Our final goal is to determine the [%] of people that have an active SARS-CoV-2 infection using PCR and the [%] that are currently immune using ELISA per week and monitor this development over the course of the 6 weeks. The problem here is that Roche gives different sensitivity levels of their testing kits depending on the time that has passed since infection was confirmed with PCR as shown below (specifity is given at 99.81 % (99.65 – 99.91 %) ):
Days post PCR confirmation Sample number (N) Sensitivity (95 % CI) 0 – 6 days 116 65.5 % (56.1 – 74.1 %) 7 – 13 days 59 88.1 % (77.1 – 95.1 %) ≥14 days 29 100 % (88.1 – 100 %)

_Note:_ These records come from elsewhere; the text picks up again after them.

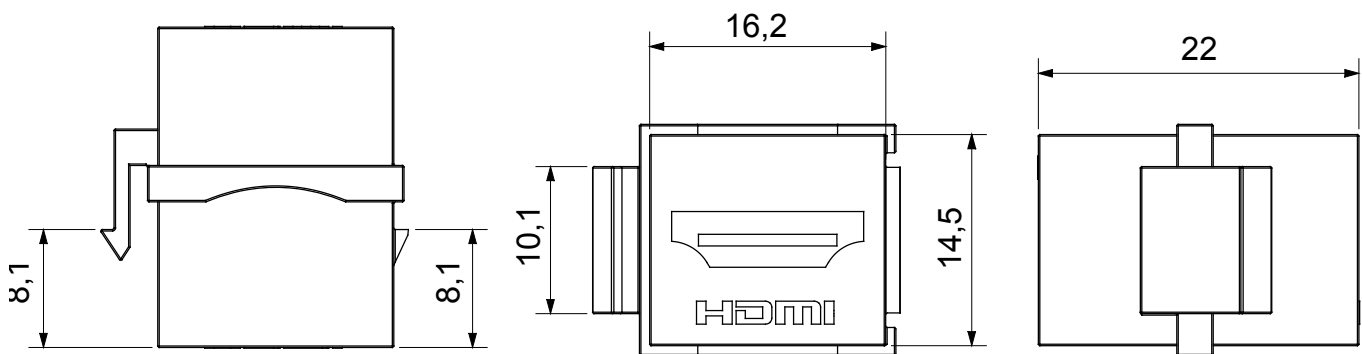

| Catégorie | Prises données  | Description   | Coupleur HDMI |
|-----------|-----------------|---------------|---------------|
| Type      | Femelle/Femelle | Compatibilité | Keystone Jack |
| Matière   | Technopolymère  | Electrocod    | 3722          |

### DIMENSIONS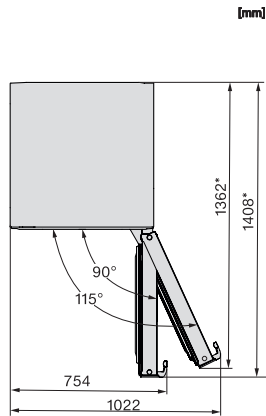

FN 4778 C

Congélateur à pose libre XL

avec NoFrost, grand espace de rangement et davantage de confort.

Numéro EAN: 4002516741589 / Numéro de matériel: 12430330 /

Ancien Numéro de matériel: 37477834EU1

Capacité de congélation en kg/24 h	19,00
Classe d'émissions de bruit acoustique dans l'air (A-D)	C
Émissions de bruit acoustique en dB(A) re1pW	36
Consommation électrique en milliampères (mA)	1300
Tension en V	220-240
Protection par fusible en A	10
Nombre de phases	1
Fréquence en Hz	50-60
Longueur du câble d'alimentation électrique en m	2,1
Remplacer l'ampoule	Service après-vente
Accessoires fournis	
Bac à glaçons	•

FN 4778 C

Congélateur à pose libre XL

avec NoFrost, grand espace de rangement et davantage de confort.

FN4778C, FN4778D, installation sketch (footnote*) (installation drawings)

FN4778C, FN4748C, FN4748D, FN4778D, top view (installation drawings)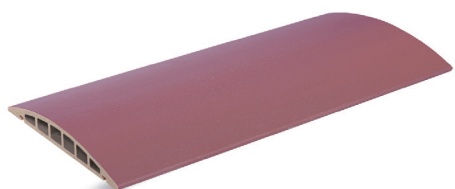

FF SYSTEM

FF-K 45,5/R500

Weight / Peso
42 kg/m²

tempio®

P-0305
2017

For the people that come to us without symptoms but positive immunity status, we will either try to gauge when the infection happened using a questionnaire but for the ones that had an asymptomatic infection, we will most probably say that the infection was >7 days past the onset of symptoms, so we don't assume a sensitivity that is too high (as shown by Roche). Now, the problem I am having is actually two-fold:
a) how can I estimate an appropriate sample size if I can't know the distribution of patients that will fall in the 1. PCR (-) and ELISA (-), which means no infection or the 2. PCR (+) and ELISA (-) or PCR (-) and ELISA (+), which means infection has taken place and I need to deal with the different sensitivities given by Roche?
b) how can I determine the CIs in the analysis? Will I need to stratify my data?